The overall plot shows both the average transacted price of the planning area and the distribution of private residences. If viewing the data separately is preferred, click on the relevant tabs.

tmap_mode("view")

tm_shape(mpsz_avg_txn_px) +
    tm_polygons(col = "Avg_Transacted_Price", 
                palette = "YlOrRd", 
                alpha = 0.3,
                style = "quantile",
                n = 7) +
    tmap_options(check.and.fix = TRUE) +
    
    tm_shape(q5_sf_plot) +
    tm_dots(col = "Property Type") +

  tm_view(set.zoom.limits = c(11,14))
Avg_Transacted_Price
1,093,333 to 1,505,422
1,505,422 to 1,632,841
1,632,841 to 1,819,521
1,819,521 to 2,002,916
2,002,916 to 2,204,560
2,204,560 to 2,938,609
2,938,609 to 5,421,500
Property Type
Apartment
Condominium
Detached House
Executive Condominium
Semi-Detached House
Terrace House
Leaflet | Tiles © Esri — Esri, DeLorme, NAVTEQ
tmap_mode("plot")
tmap_mode("view")

tm_shape(mpsz_avg_txn_px) +
    tm_polygons(col = "Avg_Transacted_Price", 
                palette = "YlOrRd", 
                alpha = 0.3,
                style = "quantile",
                n = 7) +
    tmap_options(check.and.fix = TRUE) +
  tm_view(set.zoom.limits = c(11,14))
tmap_mode("plot")
tmap_mode("view")

tm_shape(mpsz_avg_txn_px) +
    tm_polygons() +
    tm_shape(q5_sf_plot) +
    tm_dots(col = "Property Type") +

  tm_view(set.zoom.limits = c(11,14))
tmap_mode("plot")
Note

tmap_mode(“view”):

  • Designed for interactive viewing of spatial data.
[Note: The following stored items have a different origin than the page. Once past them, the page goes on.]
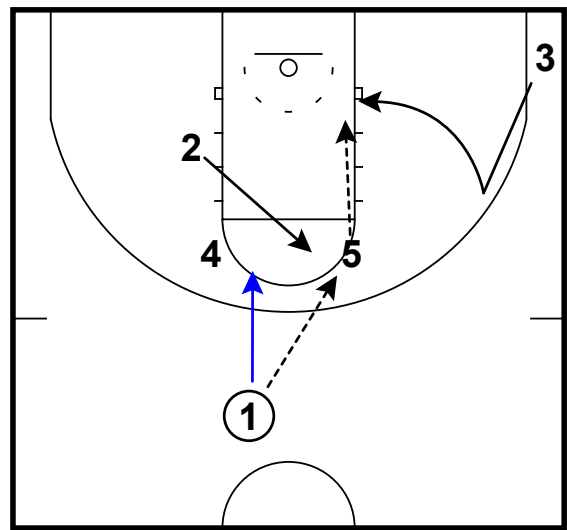

Frame 2

pass to elbow, fake triple stack formation ready for action & pass to back door cut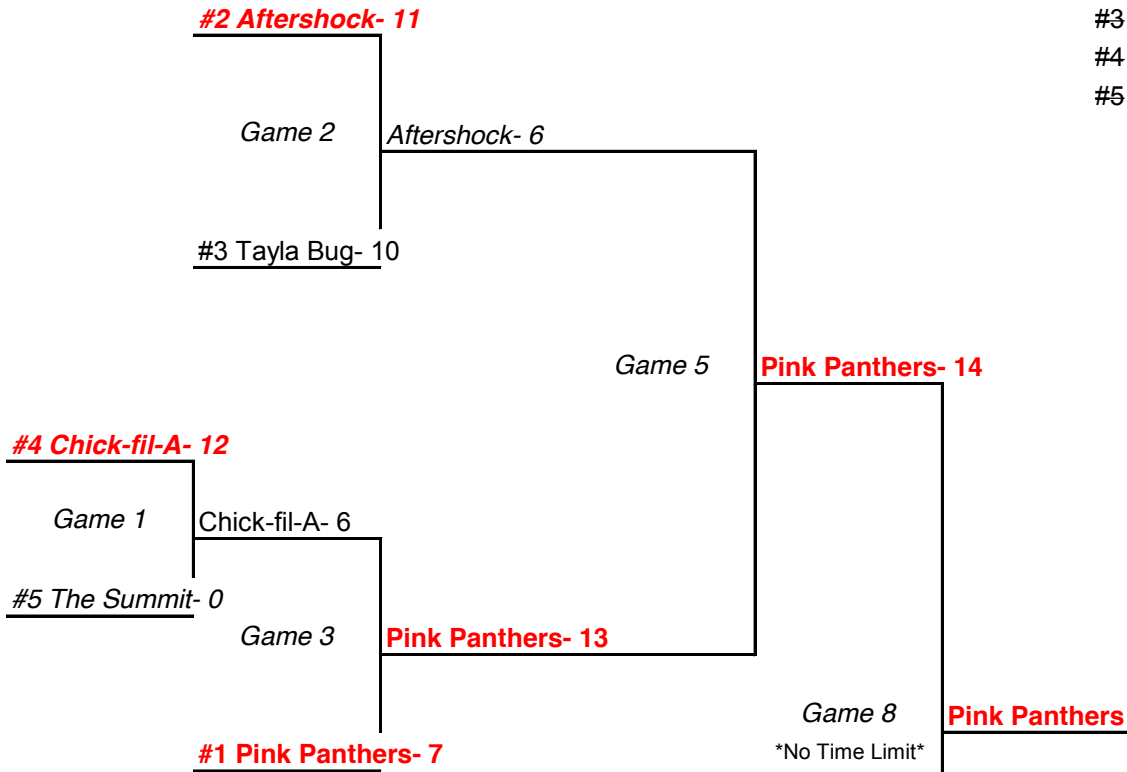

*Tournament scheduled to end by Saturday, December 12th

updated 12/08/15

WINNERS BRACKET

#1 Pink Panthers 7-1

#2 Aftershock-5-3

#3 Tayla Bug-5-3

#4 Chick-fil-A-2-6

#5 The Summit-1-7

  • Enables zooming, panning, and other interactive features, making it easier to explore the data in detail.

tmap_mode(“plot”):

  • Used for static plotting of spatial data that can be saved as static images e.g., PNG

  • Does not support interactions like zooming and panning.

Setting the mode to plot after the map is generated saves on resources and allows the code to run faster, as the plot does not require continuous updating.

Write Up

The plots reveal that of the private properties sold, areas with the highest average transaction price are concentrated around the Central Region, including areas like Bukit Timah and Newton. This is likely due to their proximity to the Central Business District (CBD). Although there are very few transactions in Sentosa and Changi, these areas still have high average transaction prices, mainly consisting of condominiums.

Sales of Executive Condominiums, which were previously noted to have the lowest overall transaction price and low transaction price variability, are predominantly located in the outskirts of Singapore, such as Woodlands and Bukit Batok. This suggests a trend toward more affordable options in these areas.

Apartments and condominiums constitute the majority of private residences sold and are distributed throughout the city-state. This extensive distribution may account for the significant number of outliers observed earlier in transaction prices.